What is SEC Form N-6

SEC Form N-6 is a form that certain trust accounts must file with the Securities and Exchange Commission (SEC). As a regulatory agency created to help prevent fraud and other forms of deception involving stocks, the SEC monitors the activities and recordkeeping of companies that trade public stock in the United States.


SEC Form N-6 is a document that must be submitted by separate accounts which are unit investment trusts that offer variable life insurance contracts. The purpose of this form is to provide investors with information that can help them decide whether to invest in a variable life insurance contract.

This form is just one example of what is known as an SEC filing. These filings are official statements or documents, which could include things like periodic reports, registration statements and documents involving risk disclosures. In the United States, the federal government requires these documents to be filed and accessible to potential investors in the interest of full disclosure. Investors review all of these documents as a way to evaluate the company’s track record, to assess its current financial health, and also to try and forecast the company’s stock performance in the near future.

Parts of SEC Form N-6

SEC Form N-6 consists of three main parts.

Part A of this filing, the prospectus, must contain clearly written information about the investment that the average investor, who may not have a specialized background in finance or law, can understand. It should provide a balanced disclosure of the positive and negative aspects of variable life insurance contracts, including information about risks and benefits, fees, premiums, death benefits, contract values, surrenders, loans, lapse and reinstatement, taxes and legal proceedings. Like other filings, this document should adhere to the guidelines in Securities Act Rule 421(d), known as the Plain English Rule, which dictates that the wording should be clear, concise and easily understandable.
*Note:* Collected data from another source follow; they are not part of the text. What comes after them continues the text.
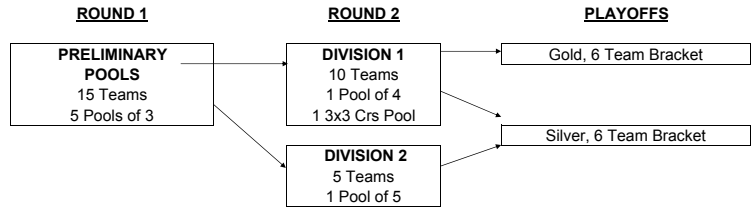

2010 CENTRAL ZONE INVITATIONAL 13 & UNDER

ROUND 1 - SATURDAY

| | | | | |
|-----------------------|-----------------------|-----------------------|-----------------------|-----------------------|
| 3 P1 | 3 P2 | 3 P3 | 3 P4 | 3 P5 |
| 9:00 AM CT. 07 | 9:00 AM CT. 08 | 9:00 AM CT. 09 | 9:00 AM CT. 10 | 8:00 AM CT. 06 |
| 1 As KIVA 13 Red | 1 A5 MZ 131 Katherine | 1 MAVA 13 Elite | 1 MZ C City 13 Purple | 1 Dayton Jrs 13 Blue |
| 2 Starz 13 | 2 Union 13 Garvey | 2 IVA 13 Chinchillas | 2 AS KIVA 13 White | 2 Rockwood Thun 131 |
| 3 IVA 13 Cheetahs | 3 MAVA 13 Blue | 3 MZ C City 13 Black | 3 Union 13 Falcone | 3 As KIVA 13 Glen |

ROUND 2 - SATURDAY/SUNDAY

| | | | |
|----------------------------|----------------------------|----------------------------|-----------------------------------|
| | 3 D1P2A | 3 D1P2B | 3 D2P1 |
| SAT: 1:00 PM CT. 07 | SAT: 1:00 PM CT. 08 | SAT: 1:00 PM CT. 09 | SAT: 5:00 PM CT. 05 CT. 06 |
| SUN: 8:00 AM CT. 07 | | | SUN: 8:00 AM CT. 09 CT. 10 |
| 1 P1 1ST | 1 P2 1ST | 1 P4 1ST | 1 P1 3RD |
| 2 P3 1ST | 2 P5 2ND | 2 P5 1ST | 2 P2 3RD |
| 3 P4 2ND | 3 P1 2ND | 3 P3 2ND | 3 P3 3RD |
| 4 P2 2ND | | | 4 P4 3RD |
| | | | 5 P5 3RD |

Part B provides additional information that may be of interest to some investors, such as financial statements and information about premiums, underwriters and loans. Finally, Part C contains information about directors, indemnification, fee representation and more.

Companies that meet the specific criteria must complete and file SEC Form N-6, which is a document that is required by the Investment Company Act of 1940 and the Securities Act of 1933. To satisfy SEC filing obligations, the SEC Form N-6 must be completed and submitted in electronic format on the SEC website. The SEC makes the information contained in these filings available to the public.